7. Percentage of loss payable: The percentage of the amount of any loss which the Corporation hereby agrees to pay shall be 90.
8. Amount of loss : The amount of loss shall be (B) in all other cases
(a) in regards goods delivered to and accepted by the buyer, be the gross invoice value of those goods less
(i) the amount which on the date at which the loss is ascertained the buyer would have been entitled to take into account by way of payment, credit, set off or counter claim or which the exporter is entitled to appropriate in whole or in part payment of the price of the goods; and
(ii) any expenses saved by the non-payment of agent’s commission or otherwise; and
(b) as regards goods not delivered to the buyer, the gross invoice value thereof, less
(i) any expenses saved by the non-fulfilment of the contract for the sale of those goods.
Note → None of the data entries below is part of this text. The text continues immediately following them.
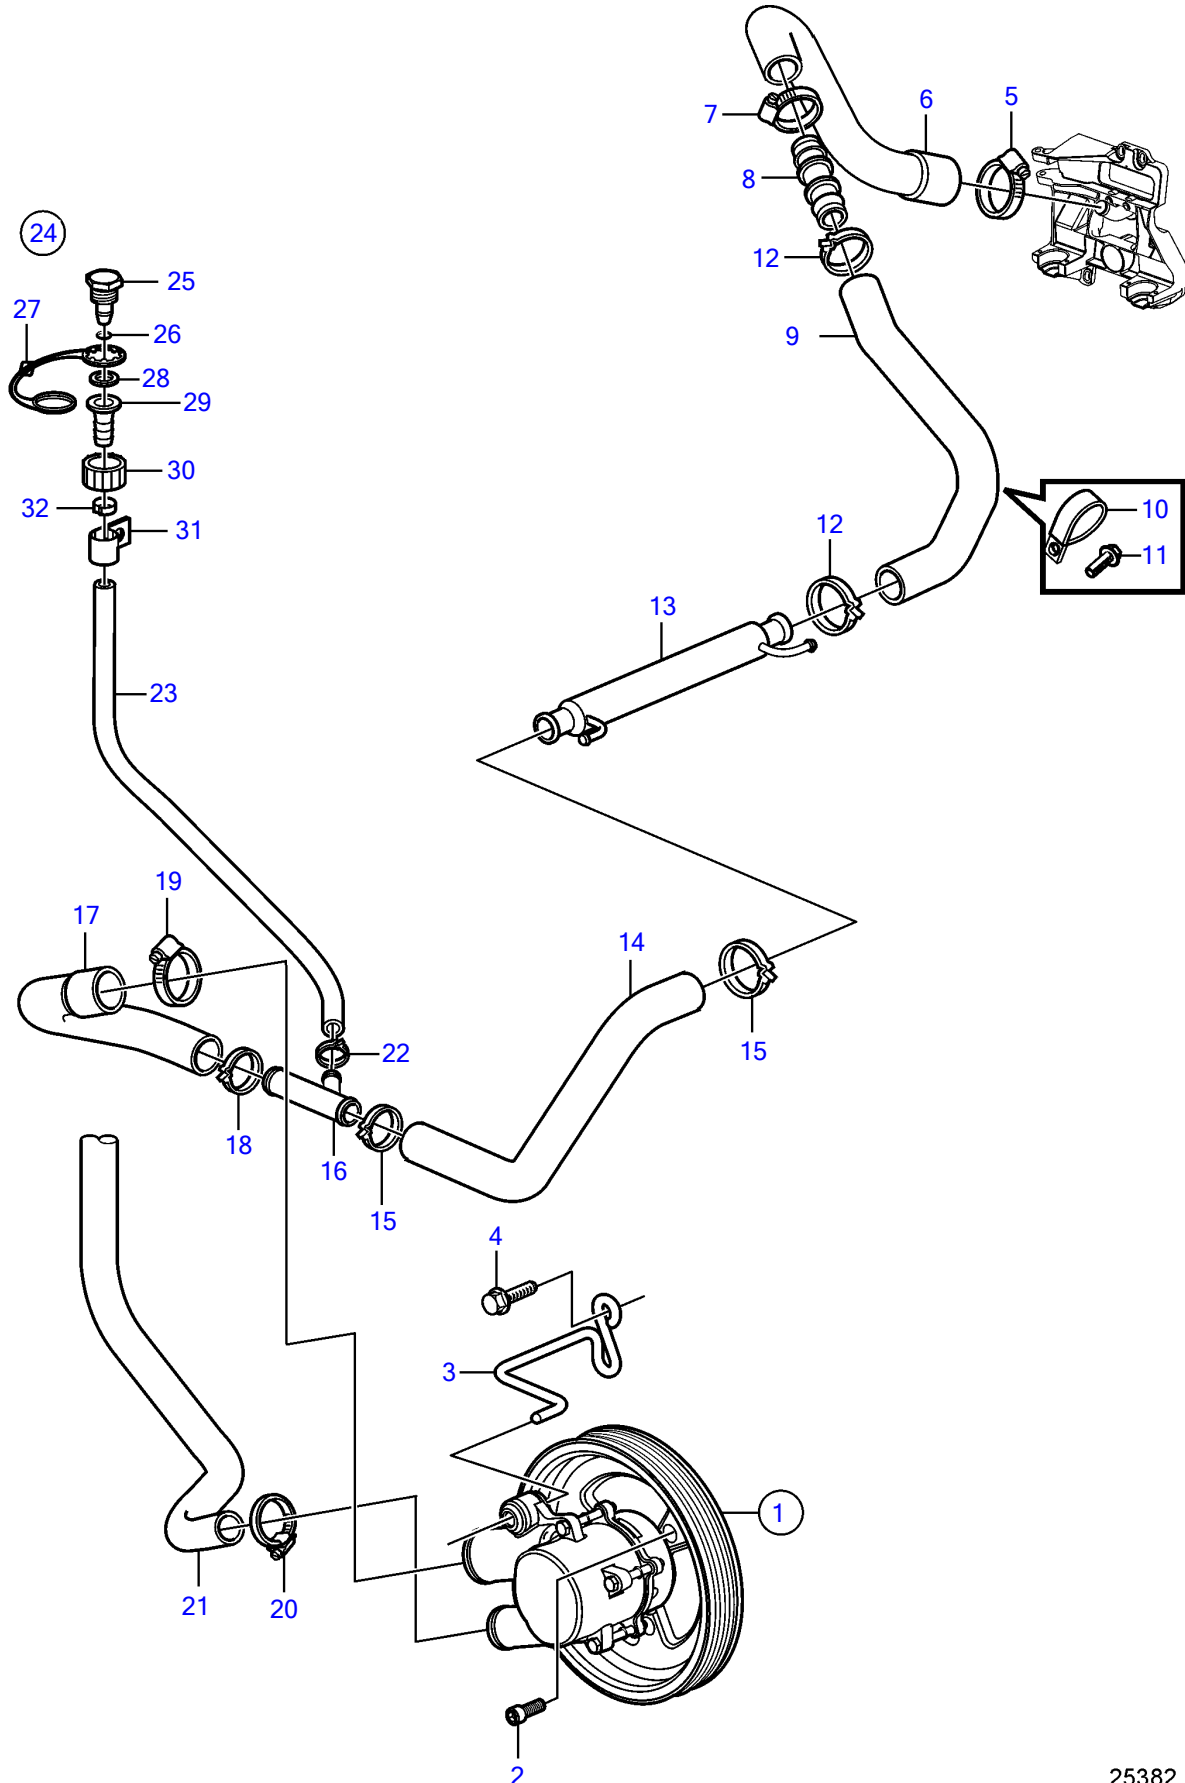

5.7GiC-300-P, 5.7GXIC-P

5.7GiC-300-P, 5.7GXIC-P

REF	PART NO.	QTY	DESCRIPTION	NOTES
1	21212799	1	Pump	
2	3857939	3	Screw	
3	3812240	1	Bracket	
4	3860163	2	Flange screw	
5	3812302	1	Hose clamp	
6	21340837	1	Hose	
7	3863444	2	Hose clamp	
8	21429137	1	Connector	
9	21429139	1	Hose	
10	3853312	2	Clamp	
	21619466	2	Attaching clamp	
11	(3853557)	2	Flange screw	Obsolete part, 3/8" - 16 unc, L=0.75" (19mm)
12		2	Hose clamp	
13	21399019	1	Hydraulic oil cooler	
14	21340840	1	Hose	
15	982645	2	Clamp	
16	3862699	1	T-pipe	
17	21429134	1	Hose	
18	3863440	1	Hose clamp	
19		1	Hose clamp	
20	3852602	1	Hose clamp	
21	3817817	1	Hose, therm. housing	For seawater cooled engine
	21338608	1	Hose, heat exchanger	For freshwater cooled engine
22	978173	1	Hose clamp	
23	3857823	1	Hose	
24	3807440	1	Connector	
25		1	• Cap	not sold separately
26	942978	1	• O-ring	
27	3862082	1	• Retainer	
28	3807664	1	• Washer	
29		1	• Connector	not sold separately
30		1	• Connector	not sold separately
31	3862891	1	Attaching clamp	
32	978174	1	Hose clamp	
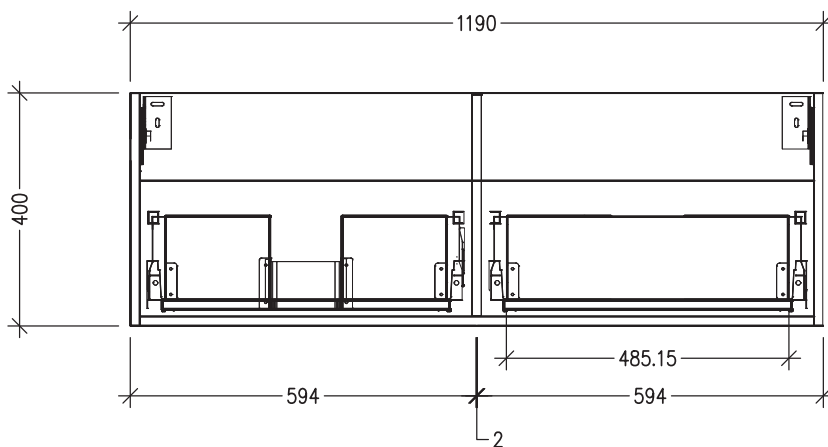

### Features

- 2-Drawer Wall Hung Vanity with Slab Top and Designer Drawer Front
- Multiple Slab Top Options Available
- Full Extension Soft Close Drawers with Handles - *Handle upgrade options available*
- Designer Drawer Fronts are pre-installed on all vanities
- Dimensions: H420 x W1200 x D350

Note: Vessel basins are purchased separately.  
Limited tap hole positions & vessel basin options.

### Technical Details

Note: All measurements shown are in millimetres. Sizes are nominal.

Note: Full size drawer box on right hand side.

TOP VIEW

FRONT VIEW

SIDE VIEW
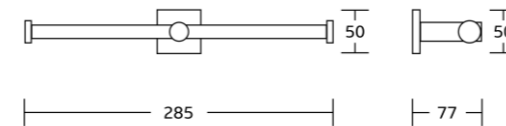

81833E
Toilet paper holder
Material:Stainless steel 304
Size:285x50x77mm
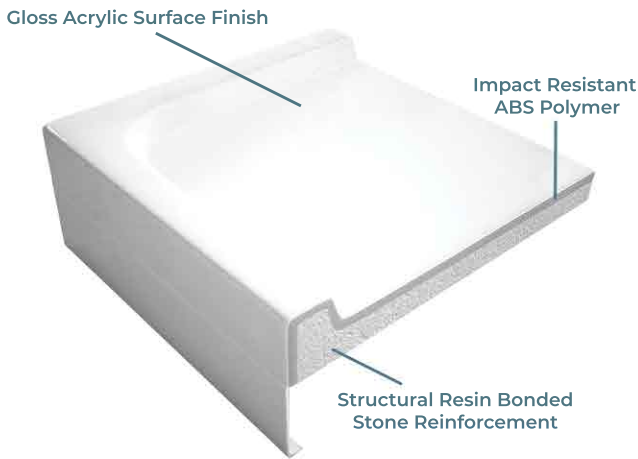

Purestone Quadrant Slimline Shower Trays

- Slimline 35mm height.
- ABS capped stone resin.
- Optional riser leg and panel pack.
- CE CERT: BS EN 14527 - Class 1 Shower Tray

Product Dimensions

The information contained on this page was correct at date of issue. Fitting dimensions are provided as a guide only. Some variation may occur due to manufacturing tolerances. We pursue a policy of continuing improvement in design and performance of our products and so reserve the right to change specifications without prior notice. All sizes are listed as accurate as possible however they can vary slightly. Please allow a variant of approx 10-20mm on certain products.
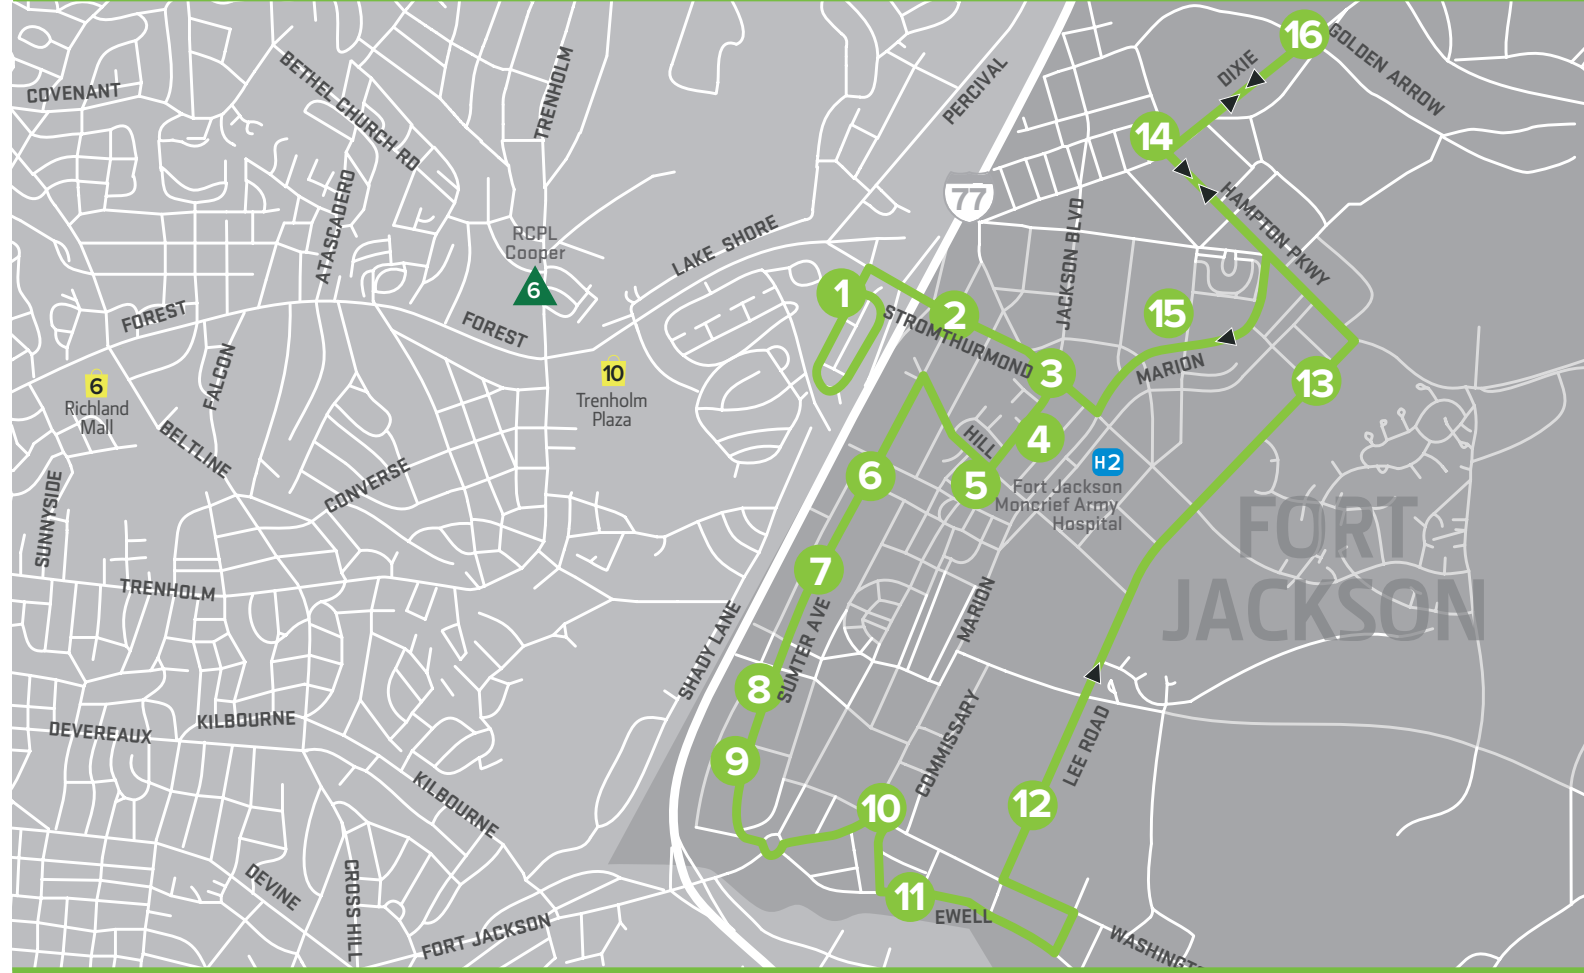

ROUTE 76 Fort Jackson FORT JACKSON » LITTLE ROAD WALMART LOOP Weekend Service

Questions? (803) 255-7100

WEEKEND

ROUTE 76 OUTBOUND | Fort Jackson to Little Road Walmart Loop

1	2	3	4	5	6	7	8	9	10	11	12	13	14	15	16	1
LITTLE ROAD WALMART LOOP	FT JACKSON GATE 2	4420 JACKSON BLVD	5422 JACKSON BLVD	5482 JACKSON BLVD	4270 SUMTER ST	4210 SUMTER ST	3210 SUMTER ST MTA LODGING	2230 SUMTER ST	ANDERSON LODGING WASHINGTON & MARION	1558 EWELL ST	KENNEDY HALL LEE RD	PLAMETTO LODGE LEE RD	11000 & 12000 DIXIE RD	5500 MARION DOZIER HALL	GOLDEN ARROW ROAD	LITTLE ROAD WALMART LOOP
DPT	ARR	ARR	ARR	ARR	DPT	ARR	ARR	ARR	ARR	ARR	ARR	ARR	ARR	ARR	ARR	ARR
8:37 AM	8:42 AM	8:44 AM	8:46 AM	8:48 AM	8:50 AM	8:52 AM	8:54 AM	8:56 AM	8:58 AM	9:00 AM	9:02 AM	9:04 AM	9:09 AM	9:14 AM	9:19 AM	9:27 AM
										Route 77						
10:37 AM	10:42 AM	10:44 AM	10:46 AM	10:48 AM	10:50 AM	10:52 AM	10:54 AM	10:56 AM	10:58 AM	11:00 AM	11:02 AM	11:04 AM	11:09 AM	11:14 AM	11:19 AM	11:27 AM
										Route 77						
12:37 PM	12:42 PM	12:44 PM	12:46 PM	12:48 PM	12:50 PM	12:52 PM	12:54 PM	12:56 PM	12:58 PM	1:00 PM	1:02 PM	1:04 PM	1:09 PM	1:14 PM	1:19 PM	1:27 PM
										Route 77						
2:37 PM	2:42 PM	2:44 PM	2:46 PM	2:48 PM	2:50 PM	2:52 PM	2:54 PM	2:56 PM	2:58 PM	3:00 PM	3:02 PM	3:04 PM	3:09 PM	3:14 PM	3:19 PM	3:27 PM
										Route 77						
4:37 PM	4:42 PM	4:44 PM	4:46 PM	4:48 PM	4:50 PM	4:52 PM	4:54 PM	4:56 PM	4:58 PM	5:00 PM	5:02 PM	5:04 PM	5:09 PM	5:14 PM	5:19 PM	5:27 PM
										Route 77						
6:37 PM	6:42 PM	6:44 PM	6:46 PM	6:48 PM	6:50 PM	6:52 PM	6:54 PM	6:56 PM	6:58 PM	7:00 PM	7:02 PM	7:04 PM	7:09 PM	7:14 PM	7:19 PM	7:27 PM
										Route 77						
8:37 PM	8:42 PM	8:44 PM	8:46 PM	8:48 PM	8:50 PM	8:52 PM	8:54 PM	8:56 PM	8:58 PM	9:00 PM	9:02 PM	9:04 PM	9:09 PM	9:14 PM	9:19 PM	9:27 PM

(ii) any sums which, at the date at which the loss is ascertained, the Exporter has recovered from any sources including realization of any security, resale of any goods or materials and any sums of credits in his possession which the Exporter is entitled to appropriate as or towards payment of the purchase price, or any part thereof provided that the sums so recovered or realized by any security or resale of any goods or materials shall be the sum less all expenses of recovery, realization or resale, the godown charges and brokerages and commissions if any.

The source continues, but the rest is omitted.